What keeps you awake at night?
That’s one of several standard questions I like to pose when I have the opportunity to meet midstream senior executives.
It’s a pleasure to chat informally from time to time with the men and women who lead the midstream, and I relish these opportunities to gain insights to their strategies, their employees, their communities and, certainly, their unitholders and investors.
That question has solicited a variety of answers over time: Safety, the environment, the need for capital, government regulation, market fluctuations, tax law, etc.
But increasingly, the answer has been the same: Staffing—how are we going to find all the trained people we need to make this business work?
The energy business is booming at the same time it faces an unprecedented wave of retirements by experienced people—and just as the business goes into its biggest growth spurt in years. It’s a double whammy, and the midstream may have the biggest challenge of all as it rejiggers and expands North America’s energy infrastructure.
It’s no secret that the oil and gas business has a yawning labor shortage. The oil crises of the 1970s made oil and gas the hot major on college campuses into the early 1980s. Then the price crash of 1986 occurred when Saudi Arabia abandoned its role as the world’s swing producer of oil. Newly minted engineers and technicians received pink slips and were shown the door as energy companies struggled to adapt. Many of those people left the business forever to do something else.
Word spread quickly on college and vo-tech school campuses. Oil and gas were NOT something you wanted to do for a living because, frankly, you probably couldn’t make a living. Layoffs continued into the 1990s when staff reductions became the rage in most industries. Companies sought to beef up short-term earnings by cutting general and administrative expense.
That strategy may have been penny wise and pound foolish.
That created an industry that went for nearly two decades in which there was little new blood. It wasn’t until the last few years that energy careers have been in vogue again, thanks to the unconventional plays.
One pipeline chief executive explained to me recently that the result is a critical shortage of people in the middle of their careers.

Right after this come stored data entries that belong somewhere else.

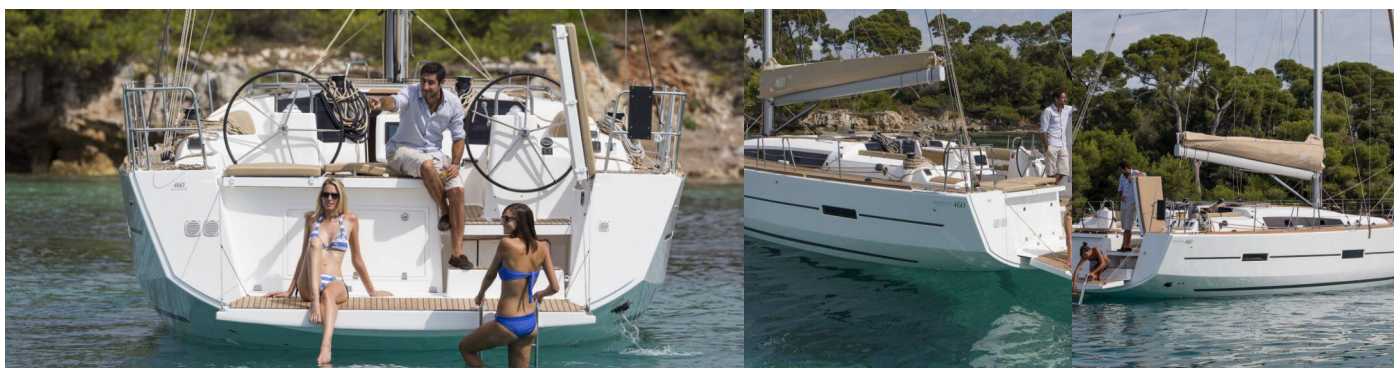

PRICE / WEEKS

31.08. - 17.09.2026

Booked

WEB

najachty.pl

PHONE

+48 882 071 532

E-MAIL

biuro@najachty.pl

NAJACHTY

ul. Pi. Świętej Małgorzaty 1-2/42B, 58-100, Świdnica, Poland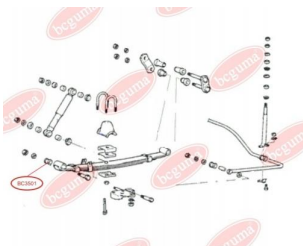

BC3501

BUSHING, LEAF SPRING

www.en.bcguma.ua/auto/BC3501

Part Number:	BC3501
GTIN-13:	4823101804652
Number of other manufacturers (OEMs):	5514743002; 5514743160
Weight, g:	393
Required amount:	2
Items in Package:	1
External diameter, mm:	55.0
Inner diameter, mm:	14.0
Thickness, mm:	80.0
Material:	Rubber / metal
That installation:	Back Front
Party settings:	Left / Right

APPLICABILITY:

HYUNDAI

BUSH, LEAF SPRING

www.en.bcguma.ua/auto/BC3502

Part Number:	BC3502
GTIN-13:	4823101804669
Number of other manufacturers (OEMs):	551184A501
Weight, g:	403
Required amount:	2
Items in Package:	1
External diameter, mm:	55.0
Inner diameter, mm:	19.0
Thickness, mm:	79.0
Material:	Rubber / metal
That installation:	Front
Party settings:	Left / Right

APPLICABILITY:

HYUNDAI, KIA

BC3502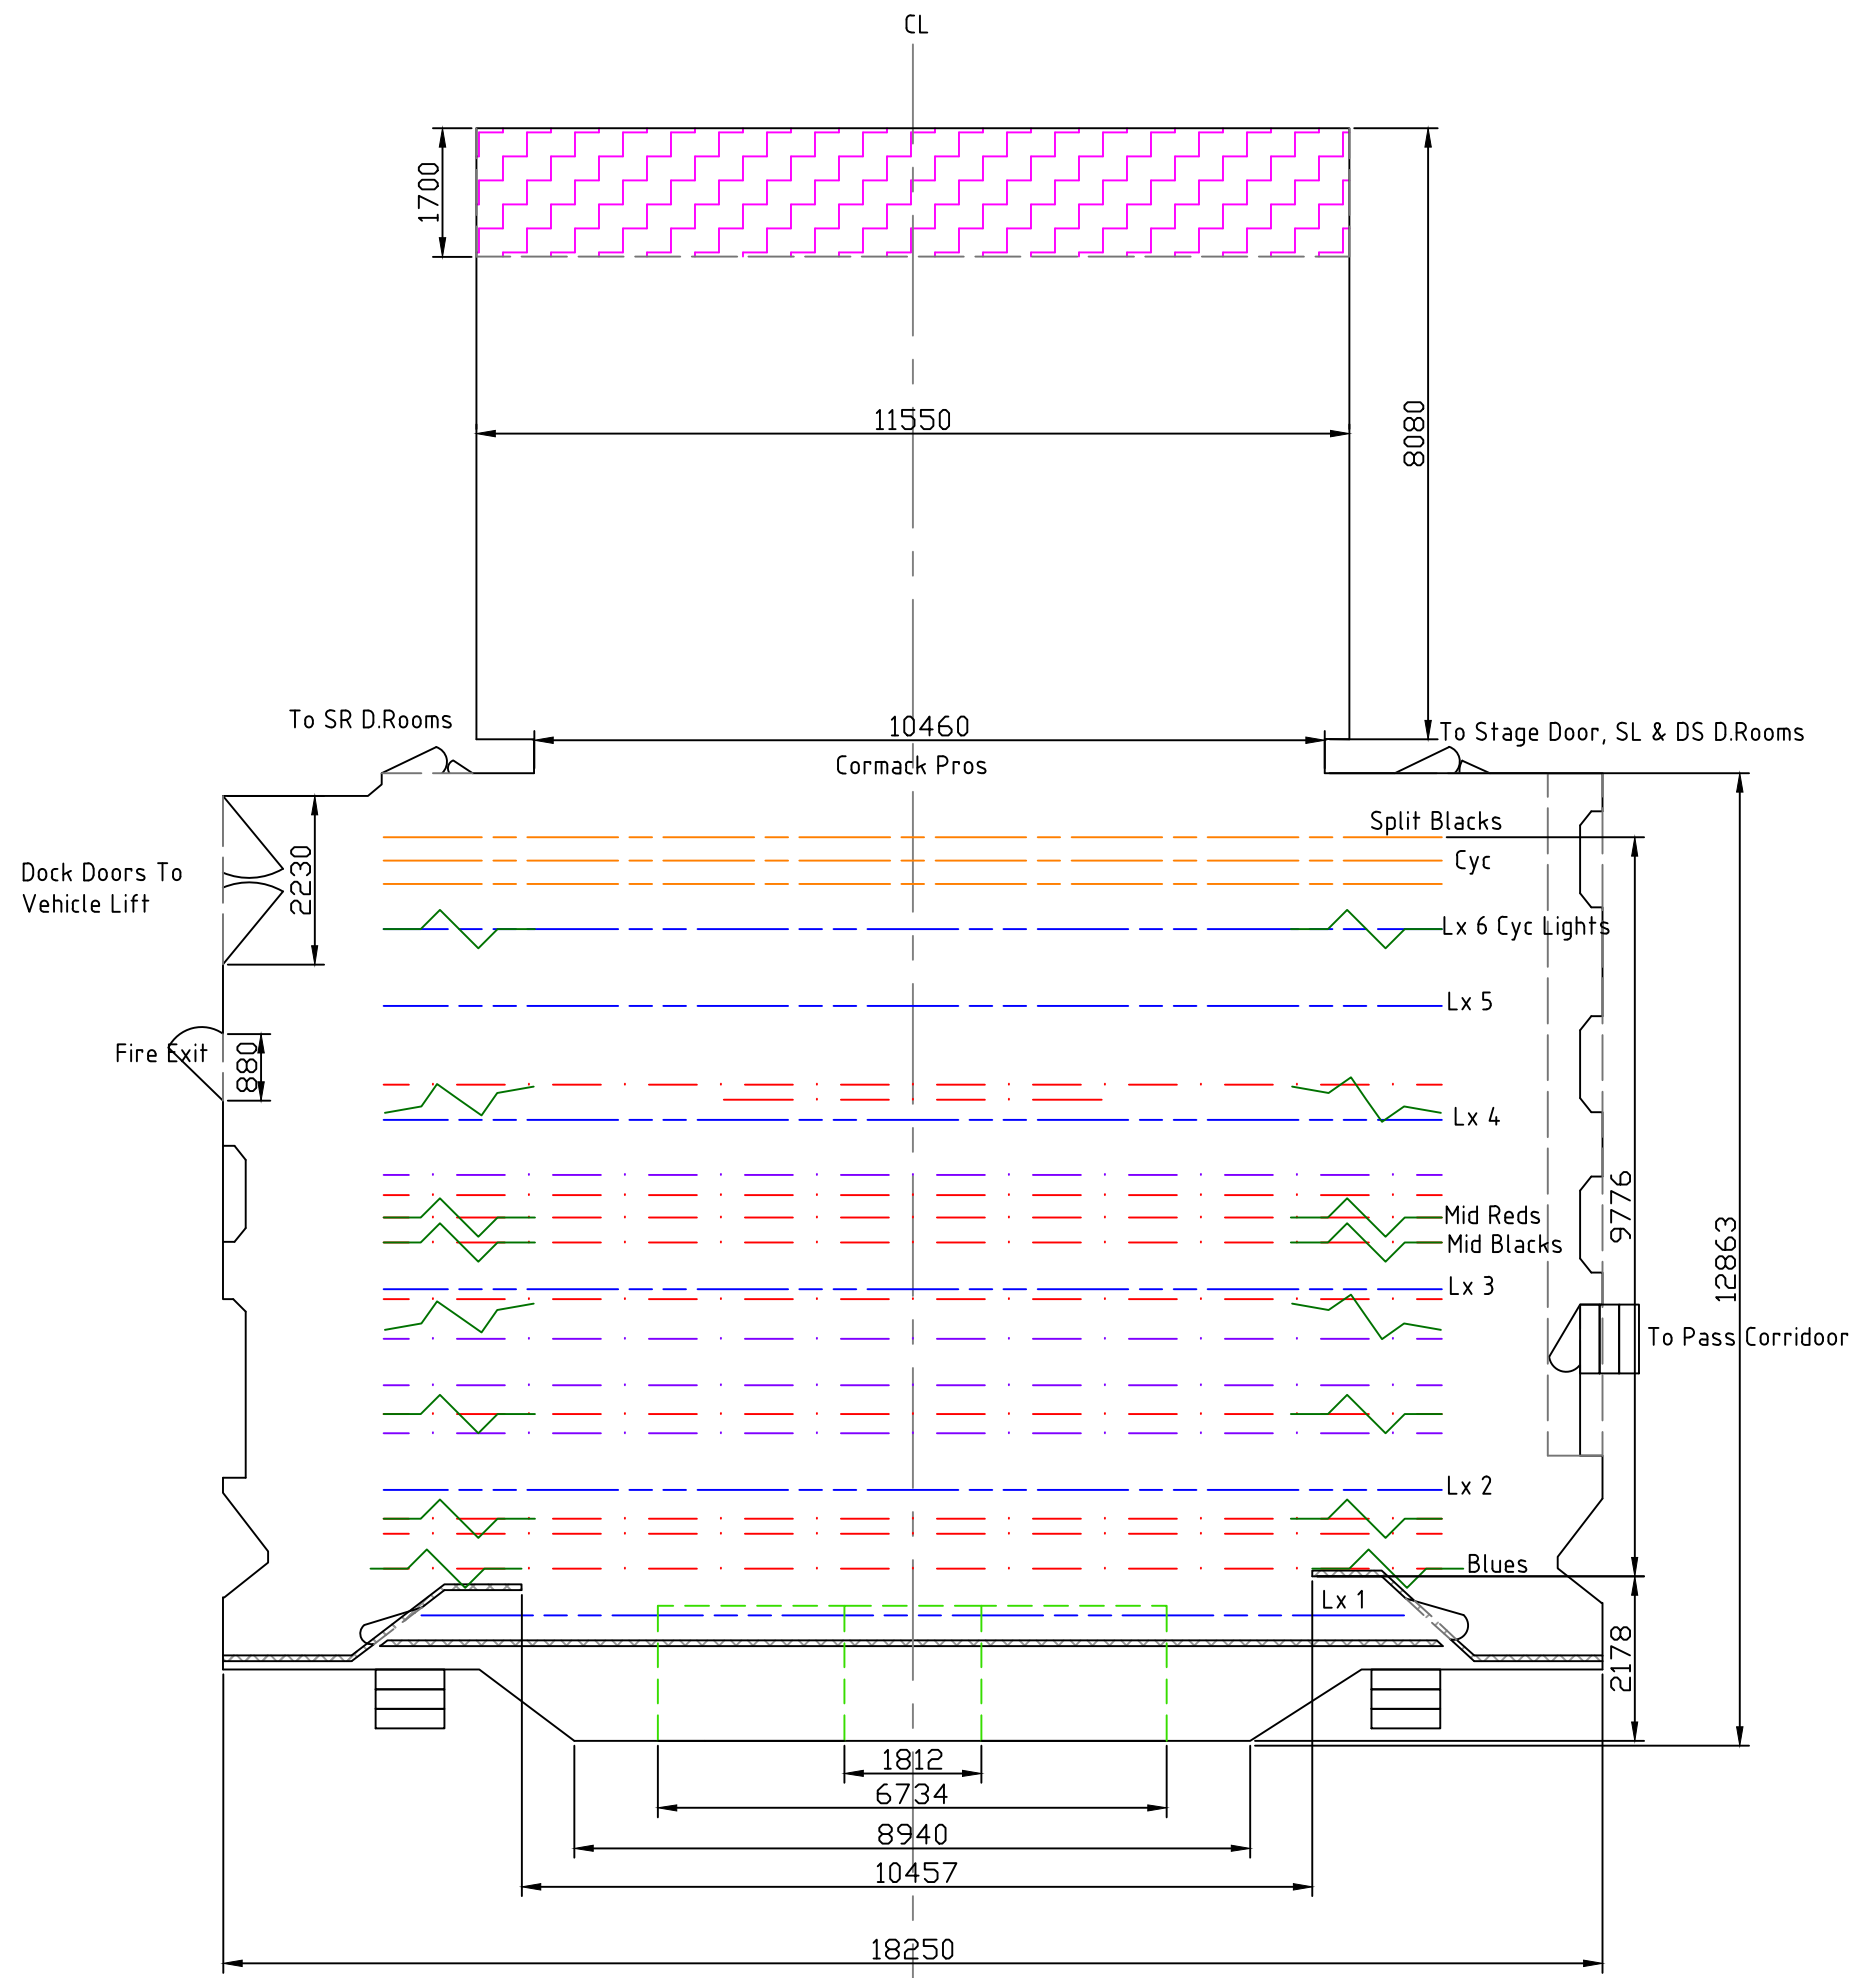

RevNo	Date	Revision note
-------	------	---------------

Notes
All measurements in millimeters unless otherwise stated

Key	
	Centre Line
	Hemp Bars
	Soft Masking
	LX Bars
	Winch Bars
	Fixed Bars
	False Pros
	Flys Catwalk
	Pit
	Cormack Seating

Drawing Title Stag Theatre Plan A3	
Drawn by Amanda Vickers	
Scale 1:100 on A3	Date 23/08/2016
Dwg No. 6	Revision -

In the next few years, senior employees will retire—and have to be replaced with co-workers half their age with a fraction of their expertise.
I had the opportunity to visit with Dr. Kirk Boatright, president and chief executive of Training Consultants International LLC, during Hart Energy’s recent DUG Midcontinent conference in Tulsa, Oklahoma. He confided that in his 30-plus years of conducting energy-industry training, he has never seen the demand like it is now.
The U.S. Department of Labor has had programs in place for more than a decade through its Employment and Training Administration that encourage energy industry employment. “Promoting careers in energy to the next generation of workers must be improved,” the department says bluntly in reviewing the industry’s critical personnel situation.
Industry is taking notice, too, and this issue of Midstream Business has a review of some training efforts under way.
Overall, the effort is the same: High school and college students must know we don’t make buggy whips. There is a future in oil and gas—including the midstream infrastructure to process and move it. On that they can rest easy.